與此同時, 五樓休閑區,眾嶺南的弟子臉上都洋溢著笑容,神采飛揚地講解自己在擂臺上的表現, 以及對方的慘狀。

見此, 嶺南五個當家人都會心一笑。

許金榮垂眸看了眼時間, 高舉起手:“大家靜一靜,聽我說兩句。”

此話一出,大家紛紛住嘴,不約而同看向許金榮這邊。

“你們的表現很好, ”許金榮提高了些音量,“但是, 千萬不要驕傲自滿,別忘了,我們現在只是略占上風,距離真正的勝利還差一截,所以大家一定要穩住心態。”

“知道了!”大家利落應道。

距離這兒二十多米的休息室, 宋澄正悠哉地靠在吊椅上,邊端著咖啡, 邊看向窗外, 一點都沒學生上場時,老師該有的焦慮。

柳梓蔓無奈地搖搖頭:“你這是對他們有自信,還是事不關己?”她邁步來到宋澄身旁, 挨著宋澄坐了下來,順著宋澄的視線看出去,除了建築物還是建築物, 她搖搖頭, 收回視線靠在宋澄的肩膀上, 手指在宋澄的腿上畫圈,“賀導把他下一部劇的劇本發我了,我覺得挺有意思,想試試。”

宋澄立馬扭過頭來:“可想好了?那部劇我聽賀導說過,是一部反映九十年代農村女性生活的劇,以賀導的性子,肯定會盡可能去還原,你?”

柳梓蔓微抿著唇,猶豫著道:“這一點我考慮到了,但我還是想挑戰一下自己。”成年前,她在柳家的生活雖不如意,但柳家卻沒在吃穿用度上苛刻過她,所以她明白宋澄的擔心,包括她自己也因為這事有些踟躕。

宋澄擡手握住了她的手:“我會心疼。”她不想讓柳梓蔓去過面朝黃土、背朝天的生活,拍戲也不行。

她舍不得。

柳梓蔓的心顫了顫,反握著宋澄的手:“我有跟你說過我為什麽喜歡拍戲嗎?我想通過拍戲去感受不同的人生,那會讓我收獲很多。”

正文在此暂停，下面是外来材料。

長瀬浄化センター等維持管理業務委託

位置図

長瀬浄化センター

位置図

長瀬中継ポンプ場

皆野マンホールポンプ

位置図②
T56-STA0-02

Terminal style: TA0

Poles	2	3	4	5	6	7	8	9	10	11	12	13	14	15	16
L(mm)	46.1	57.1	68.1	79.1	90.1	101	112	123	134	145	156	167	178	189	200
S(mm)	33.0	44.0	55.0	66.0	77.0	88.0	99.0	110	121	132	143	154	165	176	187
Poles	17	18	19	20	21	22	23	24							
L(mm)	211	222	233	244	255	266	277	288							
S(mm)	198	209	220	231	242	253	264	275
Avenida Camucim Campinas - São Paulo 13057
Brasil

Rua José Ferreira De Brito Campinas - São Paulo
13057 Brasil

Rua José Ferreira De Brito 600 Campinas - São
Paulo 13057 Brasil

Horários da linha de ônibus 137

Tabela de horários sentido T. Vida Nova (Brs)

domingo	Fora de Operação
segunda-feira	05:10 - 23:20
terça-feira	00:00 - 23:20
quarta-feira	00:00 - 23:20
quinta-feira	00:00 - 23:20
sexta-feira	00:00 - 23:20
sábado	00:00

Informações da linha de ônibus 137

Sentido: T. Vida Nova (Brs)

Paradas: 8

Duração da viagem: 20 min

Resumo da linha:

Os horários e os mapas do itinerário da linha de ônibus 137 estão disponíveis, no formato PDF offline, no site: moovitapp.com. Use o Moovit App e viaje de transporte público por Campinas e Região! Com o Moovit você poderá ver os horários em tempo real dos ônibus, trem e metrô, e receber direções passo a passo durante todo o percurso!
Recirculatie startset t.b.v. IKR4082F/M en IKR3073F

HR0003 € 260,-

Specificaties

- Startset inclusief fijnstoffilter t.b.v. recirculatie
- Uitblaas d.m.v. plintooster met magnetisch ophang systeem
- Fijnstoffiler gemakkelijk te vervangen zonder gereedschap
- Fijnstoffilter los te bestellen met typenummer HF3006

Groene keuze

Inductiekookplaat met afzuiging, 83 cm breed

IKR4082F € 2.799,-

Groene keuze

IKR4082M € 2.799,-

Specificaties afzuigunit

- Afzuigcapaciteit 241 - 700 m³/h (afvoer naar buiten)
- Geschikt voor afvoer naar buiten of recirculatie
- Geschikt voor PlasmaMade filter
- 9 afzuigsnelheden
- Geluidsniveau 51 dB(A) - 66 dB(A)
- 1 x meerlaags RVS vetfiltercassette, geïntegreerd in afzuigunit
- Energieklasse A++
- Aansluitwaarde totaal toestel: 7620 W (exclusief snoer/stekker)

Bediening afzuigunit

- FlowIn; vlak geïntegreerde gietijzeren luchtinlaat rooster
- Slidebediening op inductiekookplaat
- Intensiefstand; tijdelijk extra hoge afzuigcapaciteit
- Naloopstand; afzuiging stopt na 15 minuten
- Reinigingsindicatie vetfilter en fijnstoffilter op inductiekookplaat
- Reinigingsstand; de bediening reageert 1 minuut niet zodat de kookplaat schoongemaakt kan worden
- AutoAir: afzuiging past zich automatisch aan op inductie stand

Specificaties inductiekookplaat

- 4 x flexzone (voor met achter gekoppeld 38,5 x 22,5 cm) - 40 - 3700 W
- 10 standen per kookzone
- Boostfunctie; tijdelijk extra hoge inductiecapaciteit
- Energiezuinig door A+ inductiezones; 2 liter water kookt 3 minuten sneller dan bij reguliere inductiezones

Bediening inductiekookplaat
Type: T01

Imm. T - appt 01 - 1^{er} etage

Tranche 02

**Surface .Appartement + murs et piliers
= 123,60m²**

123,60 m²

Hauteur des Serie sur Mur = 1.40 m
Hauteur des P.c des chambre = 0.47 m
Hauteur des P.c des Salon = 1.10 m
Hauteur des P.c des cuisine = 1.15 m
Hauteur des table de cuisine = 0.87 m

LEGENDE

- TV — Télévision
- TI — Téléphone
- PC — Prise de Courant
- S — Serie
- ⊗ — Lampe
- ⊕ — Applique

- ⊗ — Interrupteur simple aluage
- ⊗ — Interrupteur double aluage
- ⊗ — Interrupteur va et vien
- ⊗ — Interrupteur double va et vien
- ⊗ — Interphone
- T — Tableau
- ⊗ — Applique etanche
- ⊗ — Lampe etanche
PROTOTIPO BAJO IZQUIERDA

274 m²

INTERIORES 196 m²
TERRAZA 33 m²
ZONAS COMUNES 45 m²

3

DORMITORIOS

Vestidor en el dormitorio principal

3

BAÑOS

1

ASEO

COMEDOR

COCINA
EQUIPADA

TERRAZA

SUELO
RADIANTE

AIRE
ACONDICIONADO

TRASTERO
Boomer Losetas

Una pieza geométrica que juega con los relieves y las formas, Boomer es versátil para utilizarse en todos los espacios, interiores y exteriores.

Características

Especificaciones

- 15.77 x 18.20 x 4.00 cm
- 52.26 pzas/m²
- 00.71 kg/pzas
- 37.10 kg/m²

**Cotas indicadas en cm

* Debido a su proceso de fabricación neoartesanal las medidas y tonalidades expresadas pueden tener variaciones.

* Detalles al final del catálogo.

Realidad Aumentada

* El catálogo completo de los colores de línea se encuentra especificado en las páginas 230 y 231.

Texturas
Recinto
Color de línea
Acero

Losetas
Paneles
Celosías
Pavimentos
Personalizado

聽到這兒,宋澄就知道柳梓蔓已下定了決心,無奈地嘆息了聲:“那我陪你去。”

柳梓蔓搖頭:“不要,你除了要準備新歌,還有一大堆事要處理,你就安心待在家裏等我回來。這是部短劇,順利的話,一個多月就能拍完,花不了多少時間的。”

宋澄微蹙著眉,沒出聲。

柳梓蔓只好岔開話題:“你真不去外面對他們說些什麽?他們都等著你呢?”

“不去,該說的那幾個家主會說,我只負責教。”宋澄側過了頭,彰顯著她的不樂意。

沈默了會兒,她才出聲問道:“什麽時候開拍?”

“一個月後。”

宋澄輕嗯了聲,垂眸看了眼手腕上的時間:“走吧!時間差不多了。”

柳梓蔓追了上來,踟躕著問道:“所以,你是支持我?”

“我不支持,你就能改變主意了嗎?”宋澄反問道。

柳梓蔓緊抿著唇,緩緩道:“不會。”

“所以,我只有一個選擇。”察覺到柳梓蔓沒跟上來,宋澄停下了步子,帶著些許無奈,“梓蔓,我說這話沒有別的意思,我很高興,你能堅持做你想做的事。但我也是你的愛人,明知道拍這部劇很難,卻聲色不動,”她搖著頭,“我做不到。”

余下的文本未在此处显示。